**What you will do**
Images appear in the records below; leave them out and repeat everything else exactly.

* * *

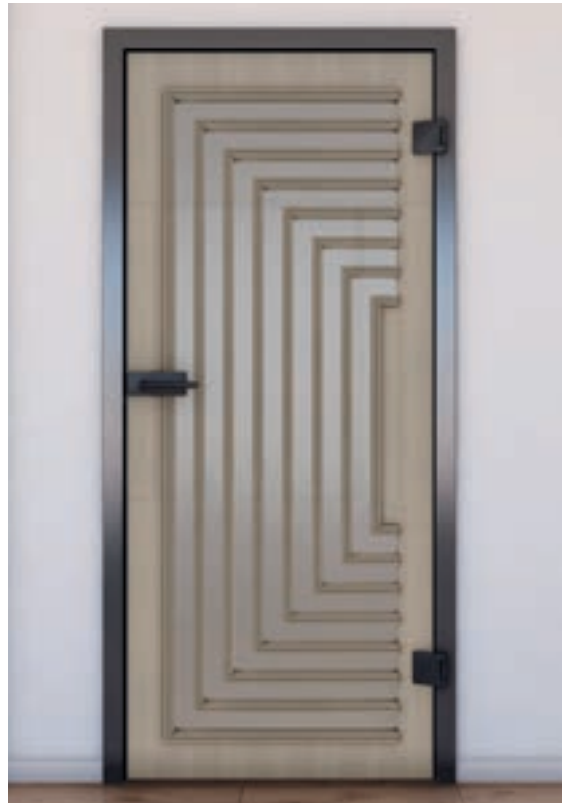

+ Satin

Numéro d'article: **KLSPR-0115**

Pin

Chêne

Blanc

Hêtre

Blanc Frêne

Noyer

* * *

**Expected output**
+ Satin

Numéro d'article: **KLSPR-0115**

Pin

Chêne

Blanc

Hêtre

Blanc Frêne

Noyer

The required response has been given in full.